03:39And Chairman Cain, a lot of talk today about the Golden Dome. I don't really fully appreciate some of
03:46my Democratic colleagues not knowing what that's about or knowing the threats behind why we have to have
03:51the Golden Dome, but I also believe that we have to have mini domes all across our country. As we've
03:58seen, we've had very low cost, high impact technology proliferate all around the world. And I think we
04:05need to look no further than what happened in Ukraine just two weeks ago where you had a $100,000
04:11investment by the Ukrainian scuttle over $7 billion worth of hardware by the Russians. I think that we have to
04:18look forward into the future and anticipate that we may face the exact same threats, maybe not against our
04:24military, but against our infrastructure, against our stadiums, against our city centers, and we need mini domes
04:30to protect this country against those threats. How are you all working that problem set?

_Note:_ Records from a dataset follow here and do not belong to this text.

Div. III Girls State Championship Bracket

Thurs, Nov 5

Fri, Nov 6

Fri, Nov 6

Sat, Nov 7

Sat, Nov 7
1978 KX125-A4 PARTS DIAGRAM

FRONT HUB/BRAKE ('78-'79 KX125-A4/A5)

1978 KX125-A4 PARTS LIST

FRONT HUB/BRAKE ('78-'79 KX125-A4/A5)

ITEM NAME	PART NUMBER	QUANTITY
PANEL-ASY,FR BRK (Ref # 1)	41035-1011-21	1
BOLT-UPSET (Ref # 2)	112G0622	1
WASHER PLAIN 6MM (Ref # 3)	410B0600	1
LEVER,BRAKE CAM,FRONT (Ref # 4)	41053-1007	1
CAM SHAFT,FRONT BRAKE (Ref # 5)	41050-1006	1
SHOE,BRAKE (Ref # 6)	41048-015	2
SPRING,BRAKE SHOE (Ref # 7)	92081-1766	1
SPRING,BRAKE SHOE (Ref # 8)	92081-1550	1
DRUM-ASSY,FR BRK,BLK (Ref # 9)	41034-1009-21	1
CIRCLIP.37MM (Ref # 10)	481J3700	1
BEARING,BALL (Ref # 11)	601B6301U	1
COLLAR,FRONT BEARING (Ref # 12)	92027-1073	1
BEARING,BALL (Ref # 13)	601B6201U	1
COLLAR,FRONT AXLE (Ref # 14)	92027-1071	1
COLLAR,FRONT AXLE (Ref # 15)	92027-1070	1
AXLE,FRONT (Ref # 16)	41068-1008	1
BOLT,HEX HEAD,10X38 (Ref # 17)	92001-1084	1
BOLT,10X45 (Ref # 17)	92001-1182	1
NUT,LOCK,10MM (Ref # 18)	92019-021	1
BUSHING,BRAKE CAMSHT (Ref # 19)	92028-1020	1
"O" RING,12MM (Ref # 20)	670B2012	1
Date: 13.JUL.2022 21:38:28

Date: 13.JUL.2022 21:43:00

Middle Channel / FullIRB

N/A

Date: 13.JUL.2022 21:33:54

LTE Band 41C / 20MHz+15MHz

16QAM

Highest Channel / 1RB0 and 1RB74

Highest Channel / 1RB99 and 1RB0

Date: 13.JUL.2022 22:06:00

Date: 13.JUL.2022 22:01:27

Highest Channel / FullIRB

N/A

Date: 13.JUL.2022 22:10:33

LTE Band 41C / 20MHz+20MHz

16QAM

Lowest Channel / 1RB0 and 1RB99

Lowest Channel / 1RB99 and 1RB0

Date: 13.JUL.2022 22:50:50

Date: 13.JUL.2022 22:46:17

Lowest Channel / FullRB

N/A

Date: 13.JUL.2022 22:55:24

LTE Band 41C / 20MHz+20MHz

04:38Well, sir, first, thanks for the question. Thanks for your service.
04:42You know, one of the things that we're learning is the nature and way we fight wars is changing.
04:48We're starting to face, as you're alluding to, problems of mass where numbers of exchanges,
04:54kinetic exchanges, and frankly, non-kinetic in the cyber domain are increasing exponentially. So
05:01we have to match networks with networks and mass with mass. And so as we move forward to create the
05:08force of the future that's on our radar.